(Dataset records)
● ● ● ● ●

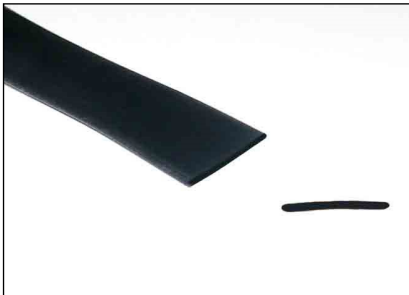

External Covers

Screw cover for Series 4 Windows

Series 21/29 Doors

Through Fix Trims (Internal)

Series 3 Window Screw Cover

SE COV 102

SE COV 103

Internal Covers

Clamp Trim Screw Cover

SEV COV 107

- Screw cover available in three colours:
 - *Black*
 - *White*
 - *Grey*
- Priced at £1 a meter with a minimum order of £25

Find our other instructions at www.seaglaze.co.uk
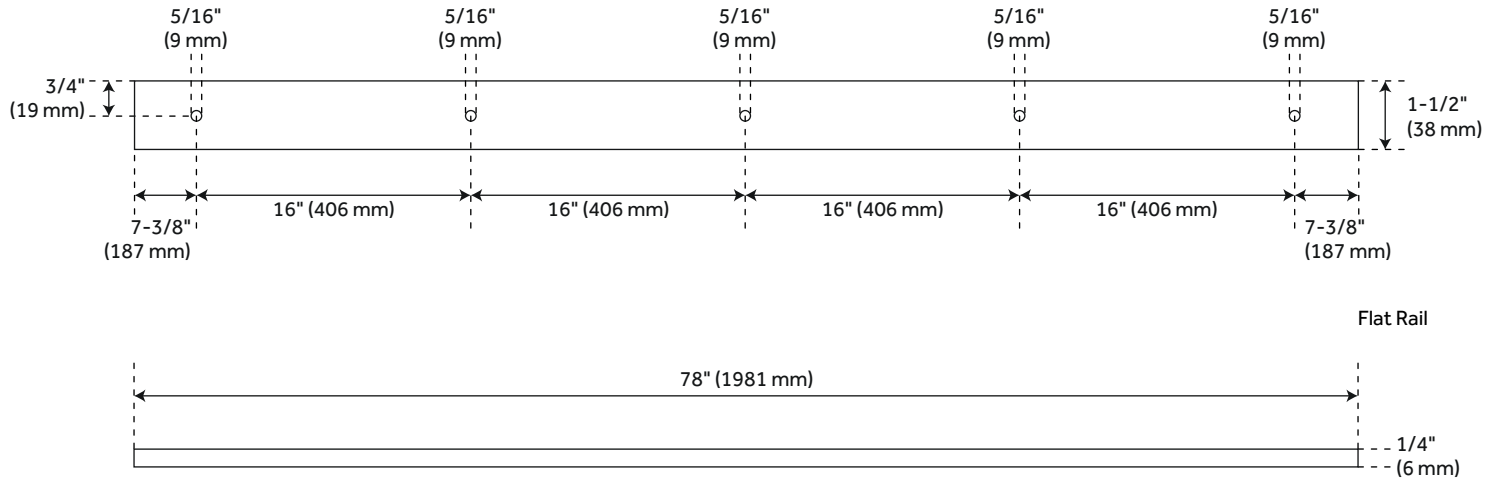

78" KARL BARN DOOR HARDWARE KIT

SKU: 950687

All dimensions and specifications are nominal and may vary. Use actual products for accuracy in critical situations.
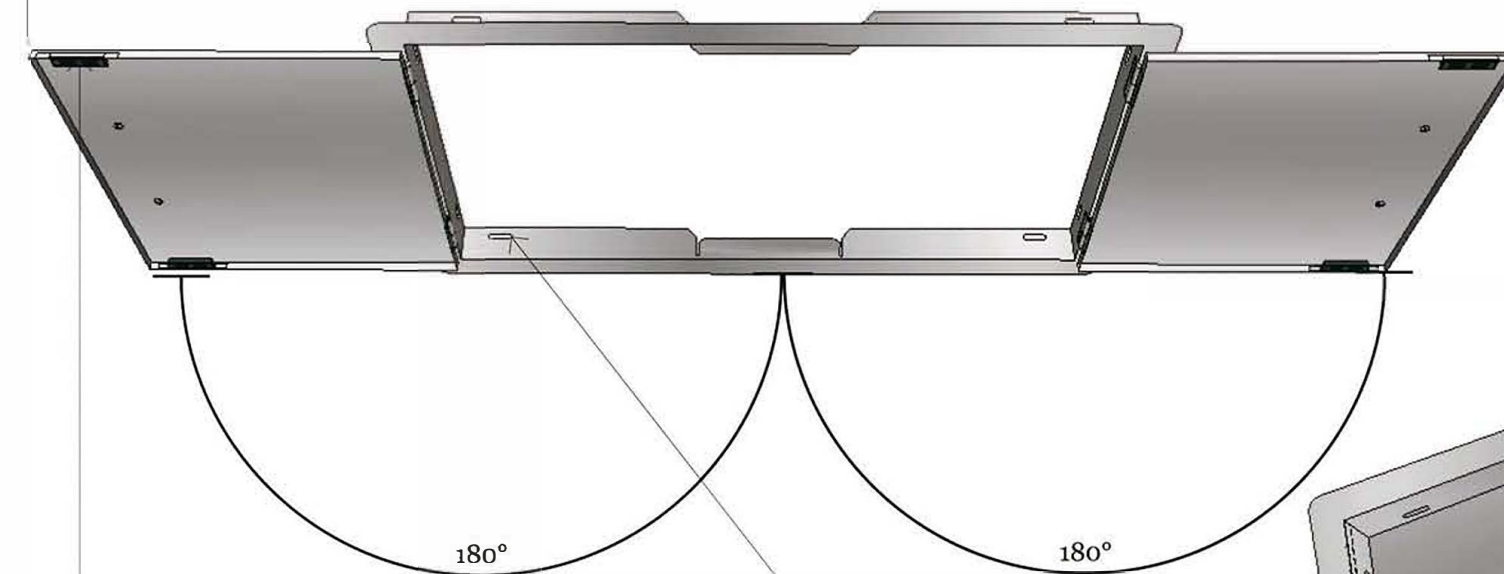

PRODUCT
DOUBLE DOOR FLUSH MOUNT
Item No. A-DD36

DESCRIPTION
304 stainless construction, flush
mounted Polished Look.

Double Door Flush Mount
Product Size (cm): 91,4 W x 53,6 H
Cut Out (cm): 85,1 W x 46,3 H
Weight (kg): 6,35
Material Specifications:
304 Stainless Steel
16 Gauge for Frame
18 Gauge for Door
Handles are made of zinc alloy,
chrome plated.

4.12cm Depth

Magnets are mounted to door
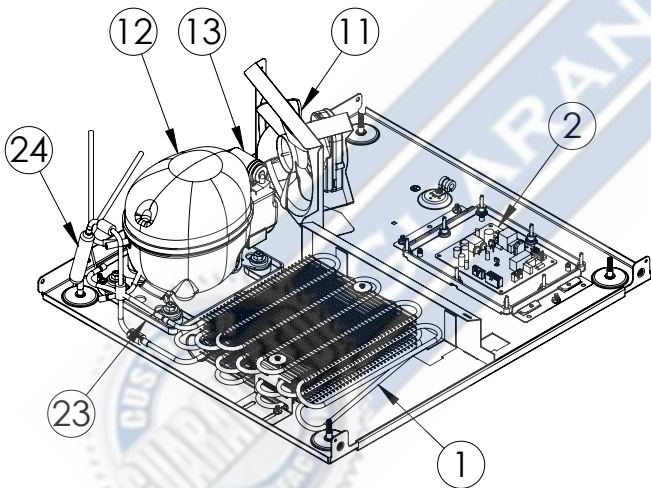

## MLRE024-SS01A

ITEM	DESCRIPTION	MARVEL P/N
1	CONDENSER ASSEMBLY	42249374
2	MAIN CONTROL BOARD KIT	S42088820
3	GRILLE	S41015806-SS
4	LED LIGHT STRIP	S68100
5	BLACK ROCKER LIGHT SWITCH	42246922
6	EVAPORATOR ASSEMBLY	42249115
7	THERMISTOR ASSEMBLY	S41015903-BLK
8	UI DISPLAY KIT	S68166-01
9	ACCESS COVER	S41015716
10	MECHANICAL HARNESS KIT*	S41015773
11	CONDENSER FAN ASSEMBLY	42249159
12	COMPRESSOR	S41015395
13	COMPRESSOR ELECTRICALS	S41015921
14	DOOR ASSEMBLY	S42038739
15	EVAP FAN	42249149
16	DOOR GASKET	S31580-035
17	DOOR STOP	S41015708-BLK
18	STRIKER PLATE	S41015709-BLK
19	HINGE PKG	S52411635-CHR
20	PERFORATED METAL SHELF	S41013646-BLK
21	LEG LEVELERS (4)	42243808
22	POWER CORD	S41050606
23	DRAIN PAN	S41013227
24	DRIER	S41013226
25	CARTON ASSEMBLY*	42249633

● ● ● ● ●

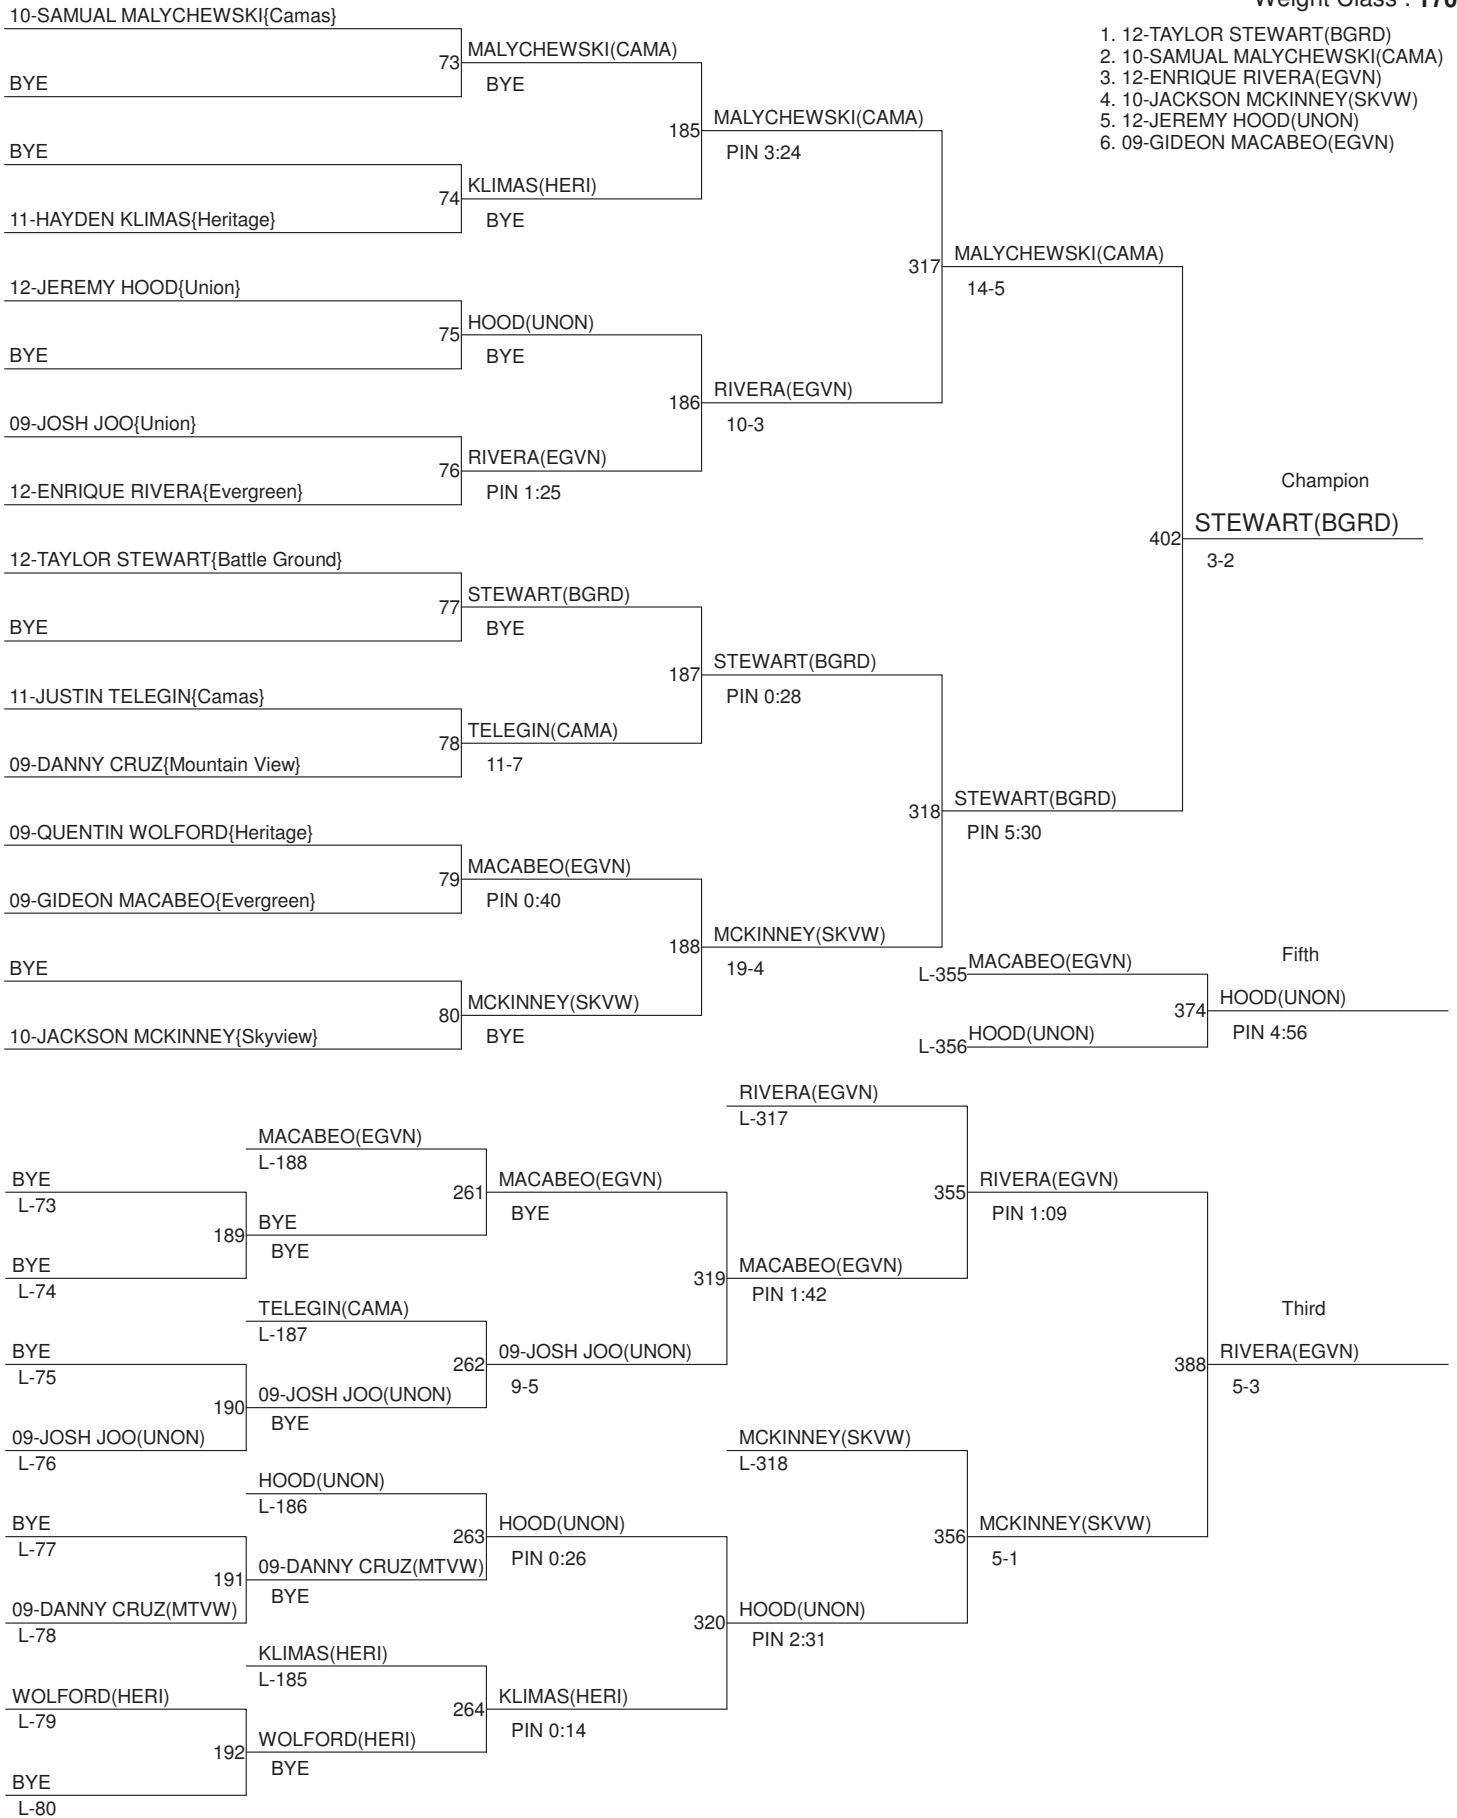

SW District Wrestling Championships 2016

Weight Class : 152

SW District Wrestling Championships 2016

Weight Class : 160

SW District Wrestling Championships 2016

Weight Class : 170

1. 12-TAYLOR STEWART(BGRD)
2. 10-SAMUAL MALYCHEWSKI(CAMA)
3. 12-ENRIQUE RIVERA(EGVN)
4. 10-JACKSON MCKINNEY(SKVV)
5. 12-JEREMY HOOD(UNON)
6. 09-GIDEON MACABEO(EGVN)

● ● ● ● ●

Task statement> Using the records given above, list every line that includes the word "ASSEMBLY".

Solution>
1	CONDENSER ASSEMBLY	42249374
6	EVAPORATOR ASSEMBLY	42249115
7	THERMISTOR ASSEMBLY	S41015903-BLK
11	CONDENSER FAN ASSEMBLY	42249159
14	DOOR ASSEMBLY	S42038739
25	CARTON ASSEMBLY*	42249633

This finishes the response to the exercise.